The physical staging of The Reservoir is strikingly simple, and a tad bland, except for those great props. The set by Takeshi Kata (PH’s The Profane) remains something of a blank slate. If there is a deeper metaphor hiding inside those rising and falling curtains, it flowed past me before I could catch it. Fortunately, the play hardly needs the help. Jiyoung Chang’s lighting and Kate Marvin’s sound and original music supply the emotional texture that carries Josh’s wandering mind from memory to memory. Costumes by Sara Ryung Clement (MTC’s Golden Shield) gently ground the characters in a recognizable everyday world where humour and heartbreak exist side by side.

What makes The Reservoir so captivating is the electricity of its writing. Brasch fills the play with sharp observations and wonderfully unexpected jokes that arrive almost faster than the audience can catch them. Yet beneath that humour sits something gentler and wiser. The play feels as though it was written from a place of hard-earned understanding, a voice that has looked honestly at chaos, addiction, and memory and still chosen warmth and humour. One particularly sweet running gag about Anne with an E, described lovingly as that “sweet Canadian orphan,” earned one of the evening’s warmest laughs, especially for this Canadian theatre critic who will always have a soft spot for that famously earnest orphan.
At the center of it all stands the impossibly good Galvin, delivering the perfect balance of Josh’s intelligence, chaos, charm, and vulnerability with remarkable ease. Josh may not fully understand his own theory yet. He may barely understand himself.
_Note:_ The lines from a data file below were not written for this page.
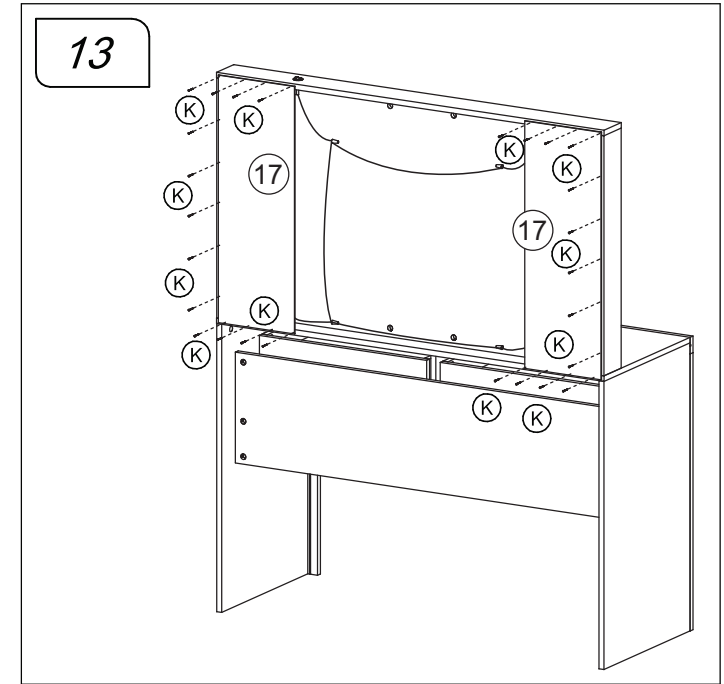

ATENÇÃO

SOMENTE UTILIZAR LÂMPADA TUBULAR LED

ATENÇÃO

- _ A Lâmpada de LED não acompanha o produto.
- _ Você deve levar este desenho para comprar a lâmpada no comércio.
- _ Observe com atenção o tipo de ligação que a lâmpada permite.
- _ A Móveis Videira não se responsabiliza por má instalação ou problemas devido a lâmpada não ser conforme a especificada.
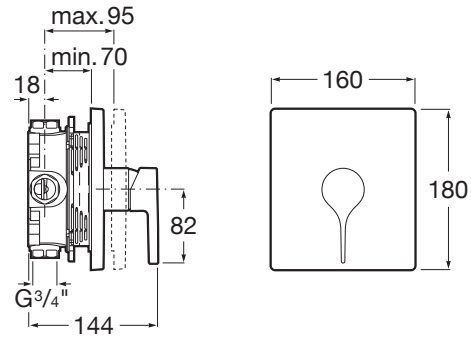

INSIGNIA

Mezclador monomando empotrable para ducha . A completar con RocaBox A525869403

PVPR (IVA INCLUIDO)

382,36 €

DIBUJOS TÉCNICOS

CARACTERÍSTICAS

Mezclador monomando empotrable para ducha . A completar con RocaBox A525869403. No incluye enlaces de alimentación flexibles.

Lugar de instalación: Ducha

Publication Status

Tipo de cartucho: Cerámico

Tipo de grifería: Monomando

Tipo de instalación: Empotrada

Evershine

SoftTurn®

COMPATIBLE
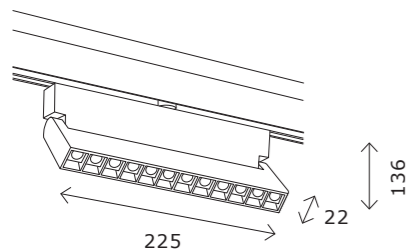

ST372 AROUND

ST372.406.12
ST372.506.12

артикул	мощность, W	световой поток, LM	цветовая температура, K	коэфф. цвето-передачи, RA	угол рассеивания, °
■ ST372.406.12	led × 12	1080	2700-6500	90	36
□ ST372.506.12	led × 12	1080	2700-6500	90	36
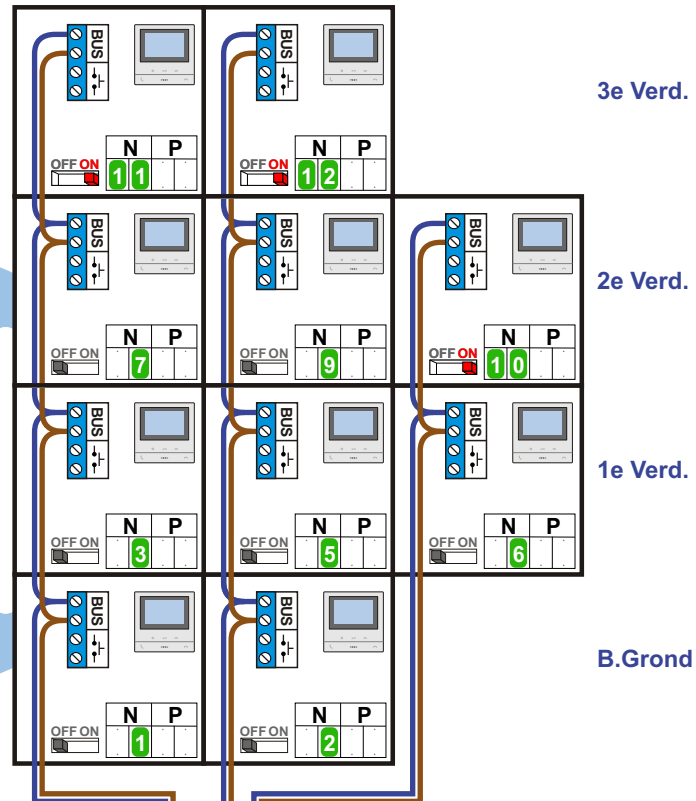

— = systeemkabel
Bij andere getwiste kabel 66% afstand!
Bij ongetwiste kabel max. 50 meter buitenpost naar videofoon.
UTP op aanvraag.

VideoVerdeler

De aders moeten echt OP de klemmen doorgelust worden!

BUS 2-DRAADS

Bij monteren/demonteren spanning eraf en voorkom defecten!

M-50

De aders moeten echt OP de connector doorgelust worden!

Haal de spanning van het systeem als je een module monteert of demonteert

Max. 100 meter systeemkabel tot laatste videofoon

Max. 50 meter

N-Waarde	Huisnummer	Switch-ON
1	42	
2	42A	
3	42B	
5	42C	
6	42D	
7	42F	
9	42G	
10	42H	X
11	42K	X
12	42L	X
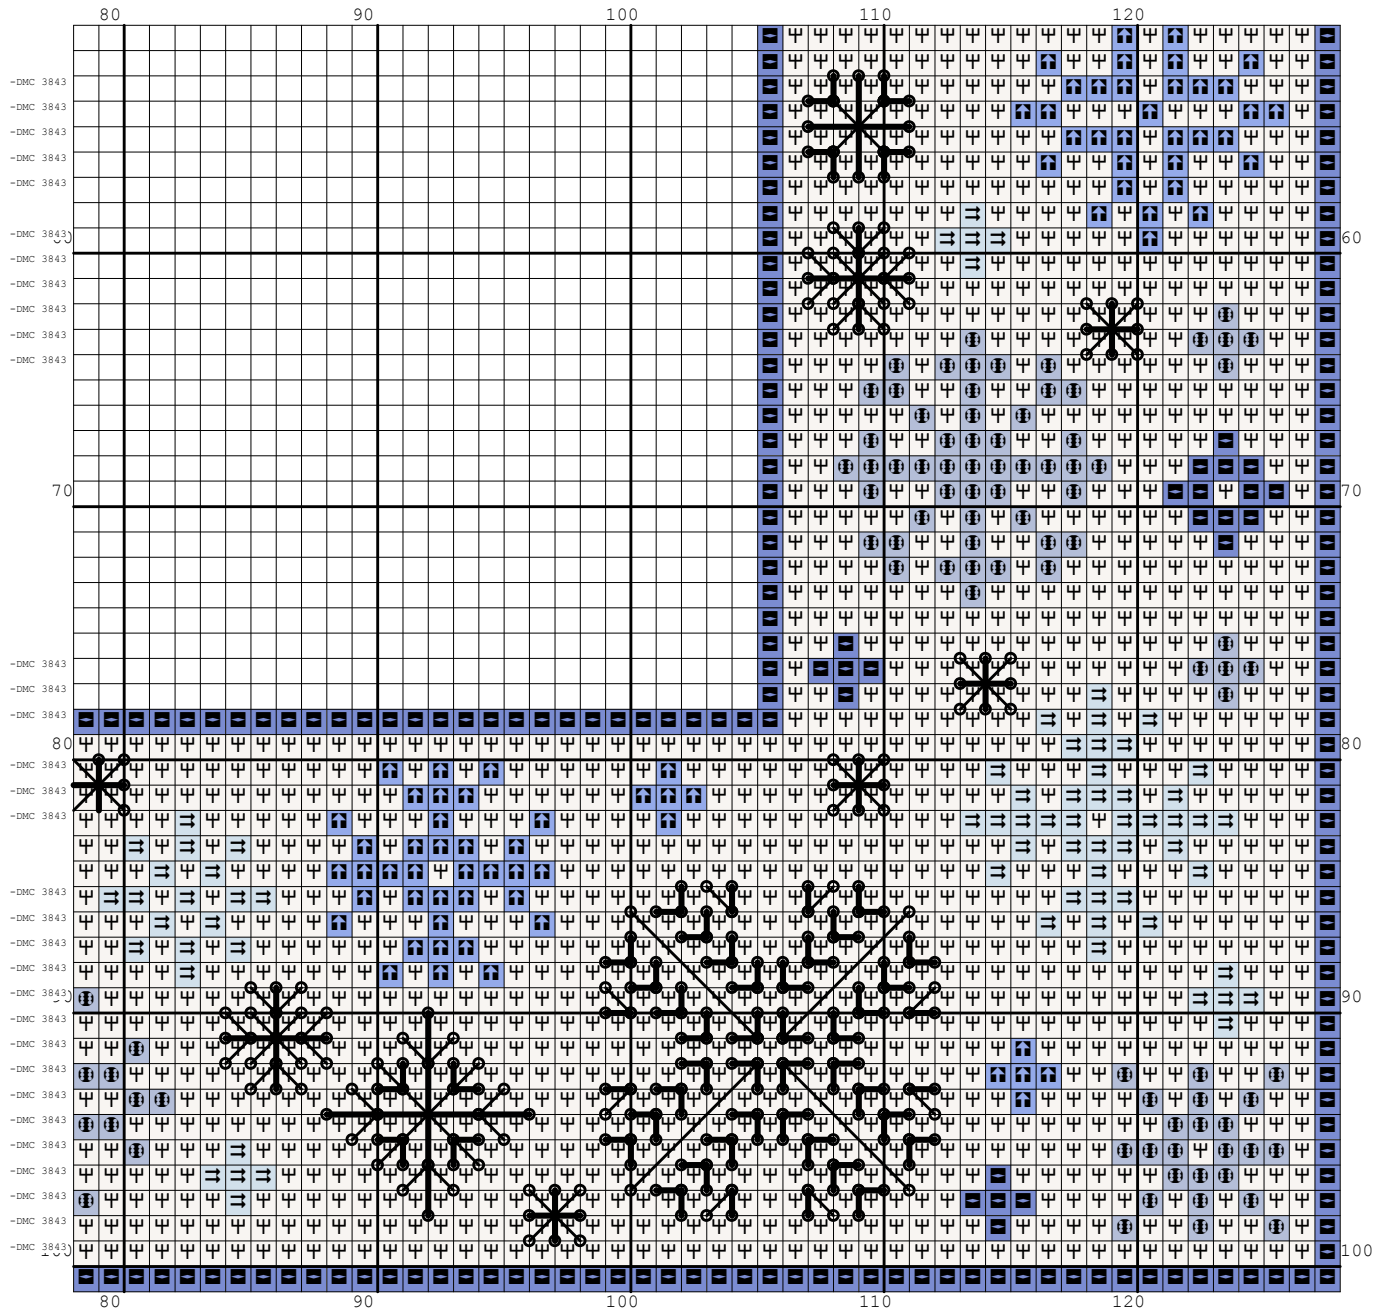

Nazwa: Ramka zimowa
Autor: stiki88

Rozmiar: 128x101
Kolorów: 6

Wzór ramki na zdjęcie o wymiarach 10x15cm na plastikową kanwę o gęstości 55 oczek/10 cm.

Symbol	Nr nici	Krzyżyki	Motki 2 nitki	Motki 3 nitki	Motki 6 nitek
	DMC BLANC	6488	3	4	8
	Kanwa	4510	2	3	5
	DMC 162	307	1	1	1
	DMC 996	320	1	1	1
	DMC 3325	311	1	1	1
	DMC 3843	992	1	2	3

Still, his search for answers pulls us along with him.
By the time the play reaches its final moments, we realize we have spent the evening inside Josh’s restless mind, following every detour, wrong turn, and sudden burst of clarity. It is a chaotic place, occasionally exhausting, often hilarious, and unexpectedly full of love. And that discovery is what makes The Reservoir so special, a play that finds hope not in fixing the mind, but in learning how to live inside it.